²The reduced incremental cost of procuring replacement gas amounted to roughly €2.3 billion in the 2023 fiscal year and was realized in adjusted EBITDA and, consequentially, in adjusted net income as well. In the 2024 fiscal year, the reduction in costs of roughly €0.4 billion was also realized here.
The adjustments in financial results relate primarily to expenses from the time value of money and from measurement effects of the provisions financed through the Swedish Nuclear Waste Fund ("Kärnavfallsfonden" or "KAF") in the Green Generation segment (2023: European Generation segment) in the amount of €105 million (2023: €397 million income). The change is predominantly attributable to an adjustment of the discount rate that is determined based on country-specific factors and to the fund's reduced valuation result relative to the previous year. The net positive income from investments in securities, which was higher than in the previous year, is additionally adjusted for. Additionally included are the adjusted interest expenses from the measurement of the provision relating to contractual recovery claims of the Federal Republic of Germany arising from the granting of state aid had an effect. An interest expense of €135 million was adjusted for in total (2023: €450 million income).

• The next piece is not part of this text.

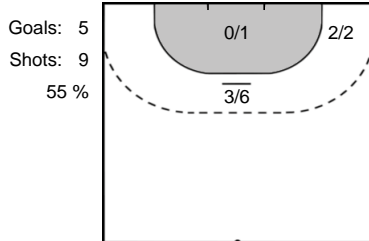

88 ZACHOVA Dominika

Totaling €129 million, operating net interest income and other financial results developed positively year over year (2023: €190 million expense). This development resulted from a combination of higher interest income from deposits of liquid funds and lower interest expenses compared with the previous year due to the decreased financing volume, including the reduced financial provision cost of credit lines that were not utilized. In addition, time value of money effects in the measurement of non-current provisions, primarily in hydro, and for asset retirement obligations both led to improved interest income year over year.
In the 2024 fiscal year, there was a non-operating tax expense of €526 million (2023: €1,204 million income), which resulted particularly from effects from previous years and from the measurement of deferred tax items. The operating tax expense amounted to €582 million (2023: €1,801 million expense), resulting in an operating effective tax rate of 27.3% (2023: 29.2%).
Adjusted net income for the 2024 fiscal year amounted to €1,601 million. This represents a significant yearover-year decrease of €2,831 million (2023: €4,432 million), but the figure remains significantly above expectations as communicated in the 2023 Annual Report, which were within a range of €0.7 to €1.1 billion. Aside from an improved earnings trend, the difference also reflects the partial reversal of a provision following the out-of-court resolution of long-running litigation. Adjusted net income for the 2024 fiscal year is also significantly above expectations as communicated in the 2024 Half-Year Interim Report, which was within a range of €1.1 to €1.5 billion. Adjusted net income at the end of the 2024 fiscal year is in line with the full-year guidance as updated in an ad-hoc announcement on November 27, 2024, which was within a range of €1.5 to €1.8 billion. This resulted particularly from the aforementioned partial reversal of a provision following the out-of-court resolution of long-running litigation.
Because Uniper hedged its gas supply obligations through instruments including forward contracts in the 2023 fiscal year, Uniper achieved a cumulative reduction in costs from the replacement procurement of gas volumes of roughly €0.4 billion in the 2024 fiscal year (2023: reduction in replacement procurement costs of €2.3 billion).
Uniper presents its financial condition using indicators such as economic net debt and operating cash flow before interest and taxes (OCFbiT), among others.
Following the implementation of the stabilization measures in 2022, the Federal Republic of Germany holds a total of more than 99% of the shares in Uniper SE. As part of the EU approval, the Federal Republic of Germany agreed to reduce its shareholding to a maximum of 25% plus one share by 2028 at the latest, and/or to make a public offer if applicable. Therefore, Uniper's finance strategy is aimed towards achieving a substantial improvement in the Company's capital market viability as well as a solid stand-alone investment grade rating.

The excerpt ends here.